CERTAIN TERMS AND CONDITIONS
OF
THE OFFER TO PURCHASE
BY
KBS REAL ESTATE INVESTMENT TRUST III, INC.
Capitalized terms used herein and not defined shall have the meanings given to them in the Offer to Purchase up to 33,849,130 shares of common stock of KBS Real Estate Investment Trust III, Inc., or approximately $350 million of shares, at a Purchase Price of $10.34 per share, dated June 4, 2021, as it may be amended from time to time (the “Offer to Purchase”).
Ladies and Gentlemen:
Each Stockholder whose signature appears on the Letter of Transmittal (each an “Assignor”) hereby tenders to KBS Real Estate Investment Trust III, Inc., a Maryland corporation (the “Company”), the number of the Assignor’s shares of common stock of the Company (the “Shares”) specified in the Letter of Transmittal at a Purchase Price of $10.34 per Share, net to the Assignor in cash, less any applicable withholding taxes and without interest, upon the terms and subject to the conditions set forth in the Offer to Purchase, receipt of which is hereby acknowledged, and in the Letter of Transmittal (which, together with any supplements or amendments, collectively constitute the “Offer”). The Offer, proration period and withdrawal rights will expire at midnight Eastern time on July 1, 2021, unless the Offer is extended or withdrawn (such time and date, as they may be extended, the “Expiration Date”).

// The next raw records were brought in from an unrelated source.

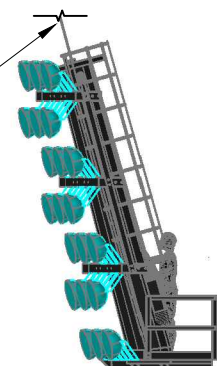

LIGHTNING SPIKE

MULTI SECTION
SHAFT.

lighting
STRUCTURES

INTERNAL ACCESS MAST

BOTTOM
ACCESS
DOOR

FRONT ELEVATION

SIDE ELEVATION

INTERNAL ACCESS MAST

DETAIL OF BASE & UPPER SECTION OF MAST
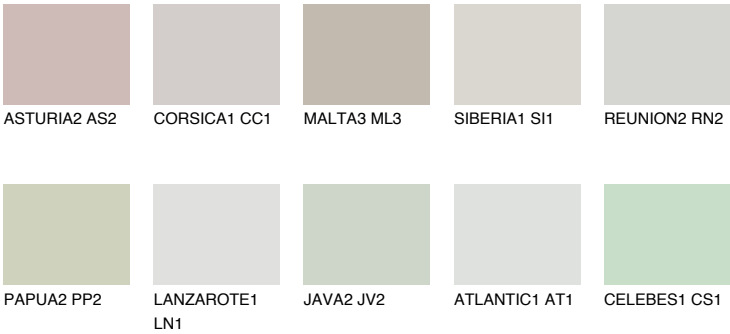

SANTORINI1 SN1

69% **TSR** 62%

Matching colours

COLOURS

INTENSE

For more information on plasters and paints, go to www.ceresit.lv

*The presented colours refer to plasters and paints offered by Ceresit. Due to the use of digital techniques, the presented colours might not represent the original ones, thus they cannot be considered as a reliable colour presentation. We recommend checking the authentic colour samples.
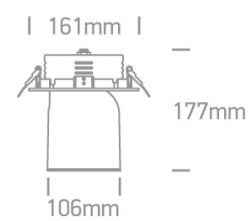

07 Downlights Adjustable LED>The COB Recessed Range Die cast

11135L/W/W

35W Recessed COB LED downlight, IP20. Ideal for shops.

Supplied with non-dimmable LED driver.

Complies with standard EN60598-1 and any other specific standards.

Downloads

Dimensions

Gallery

Physical Specification

Item Group

07 Downlights Adjustable LED

Family

The COB Recessed Range Die cast

Height

177mm

| | |
|----------------------|--------------|
| Cutout Hole Diameter | 145mm |
| Recessed Ceiling | Yes |
| Depth Required | 110mm |
| Indoor | Yes |
| Adjustable | 2 Directions |

Electrical Characteristics

Packing Info

| | |
|------------|---------------|
| Box Length | 16,5cm |
| Box Width | 16,5cm |
| Box Height | 23cm |
| Box Weight | 1,5kg |
| Pcs/Carton | 18 |
| Barcode | 5291889043492 |

Certification & Warranty
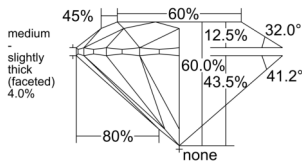

GIA®

FACSIMILE

GIA REPORT 6522986199

Verify this report at GIA.edu

GIA NATURAL DIAMOND DOSSIER®

July 31, 2025
GIA Report Number 6522986199
Shape and Cutting Style ..... Round Brilliant
Measurements ..... 4.33 - 4.35 x 2.60 mm

GRADING RESULTS

Carat Weight ..... 0.30 carat
Color Grade ..... H
Clarity Grade VVS1
Cut Grade ..... Excellent

ADDITIONAL GRADING INFORMATION

Polish ..... Excellent
Symmetry ..... Excellent
Fluorescence ..... None
Clarity Characteristics ..... Pinpoint, Cloud, Feather
Inscription(s): GIA 6522986199

PROPORTIONS

Profile to actual proportions

GRADING SCALES

GIA COLOR SCALE	GIA CLARITY SCALE	GIA CUT SCALE	
D	FLAWLESS	EXCELLENT	
E	INTERNALLY FLAWLESS		
F		VVS₁	VERY GOOD
G	VVS₂		
H	VS₁	GOOD	
I	VS₂		
J	SI₁	FAIR	
K	SI₂		
L	I₁	POOR	
M	I₂		
N	I₃		
O			
P			
Q			
R			
S			
T			
U			
V			
W			
X			
Y			
Z
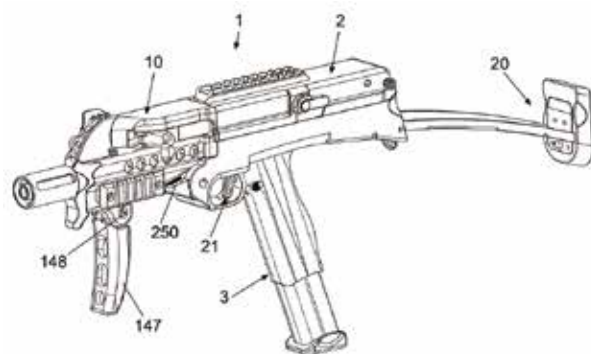

Four Reversible Features w/ Ambidextrous Bolt Release

Patented Blowback Closing System

We have significantly stabilized the pistol by exploiting the recoil kinetic energy of the bolt. This is achieved by using a lighter than usual bolt and a heavier than usual hammer. The hammer has a center of mass positioned below the point of impact with the bolt, this amplifies the length of the movement of the center of mass of the hammer compared to the bolt.

Patented Extended Stock:

This design allows for the stock to be completely hidden within the gun when closed and opening with curved guides to be in a lower position once open. The stock never interferes with the forearm leaving the shooter to be able to handle the pistol freely with one or two hands. Thanks to its improved stability can be held faster with no shoulder placement needed.

The Purchase Price is 96% of $10.77, which is the most recent estimated value per share of the Company’s common stock. This estimated value was approved by the Company’s board of directors on May 13, 2021, and was based on the estimated value of the Company’s assets less the estimated value of the Company’s liabilities, or net asset value, divided by the number of shares outstanding, all as of March 31, 2021, with the exception of adjustments to the Company’s net asset value to give effect to the change in the estimated value of the Company’s investment in units of Prime US REIT (SGX-ST Ticker: OXMU) as of April 29, 2021. For a full description of the methodologies and assumptions used to value the Company’s assets and liabilities in connection with the calculation of the estimated value per share, see the Company’s Current Report on Form 8-K filed with the Securities and Exchange Commission (“SEC”) on May 14, 2021, which is incorporated by reference into the Offer to Purchase and can be found in the “Investor Information” section of the Company’s website, www.kbsreitiii.com. The value of the Company’s shares will fluctuate over time in response to developments related to future investments, the performance of individual assets in the Company’s portfolio and the management of those assets, the real estate and finance markets and due to other factors.
Stockholders of record of the Company who tender their Shares hereunder will not be obligated to pay transfer fees, brokerage fees, or commissions on the sale of the Shares. If you hold your Shares through a broker, dealer, commercial bank, trust company, custodian or other nominee and your Shares are tendered on your behalf, they may charge you a fee for doing so. We urge you to consult with your broker, dealer, commercial bank, trust company, custodian, or other nominee to determine whether any such charges will apply.
Subject to and effective upon acceptance for payment of and payment for the Shares tendered hereby, the Assignor hereby sells, assigns and transfers to or upon the order of the Company all right, title and interest in and to all of the Shares tendered hereby, subject to the proration provisions of the Offer, including, without limitation, all rights in, and claims to, any voting rights, profits and losses, distributions accrued or declared with a record date on or after the date on which Shares are accepted for payment pursuant to the Offer and other benefits of any nature whatsoever distributable or allocable to such tendered Shares under the Company’s charter (as amended, restated or otherwise modified from time to time). Thus, for Shares validly tendered, distributions will cease to accrue on the date that such Shares are purchased through the Offer. Shares purchased in the Offer will therefore no longer be eligible to receive distributions except for any distributions declared to Stockholders with a record date prior to the date that we accept those Shares for payment. Distributions will continue to accrue in accordance with current practice for Shares not tendered or not accepted for purchase.